Hungary’s foreign policy is in no man’s land.  It doesn’t look good…

György Lázár


  1. „That choice is clearer by the day, between freedom and democracy on one side and tyranny and authoritarianism on the other.  I feel confident which side Hungary and the wonderful, freedom-loving Hungarian people will choose.“

    The first is the EU and the second is Orban … of course Cornstein meant something else, if you are Cornstein not smart you have to write stupid things.

  2. The assesment that Nemeth makes of US relations is correct. It is an EU competitor, less and less an ally and friend. US relations with Germany in particular are worsening by the day. Germany is Hungary’s most important trading partner, therefore Hungary’s relations with US are indirectly affected. Nemeth also correctly points out that China and US are at each other’s throats. Hungary wants to stay neutral which is the position that is in its own interest, but US is the one pressuring everyone to pick sides, which is not a particularly friendly policy towards allies.

    And if Cornstein thinks that a country’s success is based on friends it keeps, then what are we to make of US friendly relations with countries like Saudi Arabia? I am a firm believer in equall assessment. US fails on this one. Hypocrisy is increasingly its position.

    Regional assesment is also correct. Hungary increasingly enjoys good relations with most of its neighbors, expcept Ukraine and Romania. Nasty behaviour of those governments towards ethnic Hungarians stands in the way. Personally I think Ukraine will chnange course and relations will thus improve accordingly. Romania on the other hand is headed in the opposite direction.
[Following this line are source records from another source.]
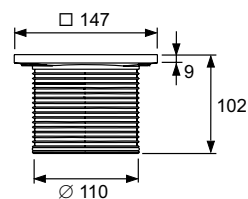

Декоративная решетка TECEdrainpoint S, 150 мм, в пластиковой рамке, с монтажным элементом

Комплект состоит из базовой декоративной решетки 142 x 142 мм и рамки декоративной решетки.

- Верхняя часть трапа с рамкой решетки из пластика (АБС)
- Уплотнительное кольцо
- Наружный диаметр = 110 мм
- Регулирование высоты = 12–92 мм
- Декоративная решетка TECEdrainpoint S из тянутой нержавеющей стали, материал 1.4301 (304), размеры 142 x 142 мм, полированная поверхность, класс нагрузки К3 (нагрузка до 300 кг)

    Gyorgy Lazar firmly believes that Hungary should be America’s docile vasal state. Do America’s bidding, often to the detriment of its own interests. The readers can decide for themselves whether that is the correct path for Hungary. Friendships are based on mutual respect. US policy towards many of its allies, pressuring them, imposing extrateritorial sanctions against their companies is not what I would qualify as being in any way respectful.

  3. Avatar Gabriel Farkas says:

    The 20th century demonstrated the Hungarian governments’ talent in successfully selecting allies. Apparently, this government wants to continue the tradition.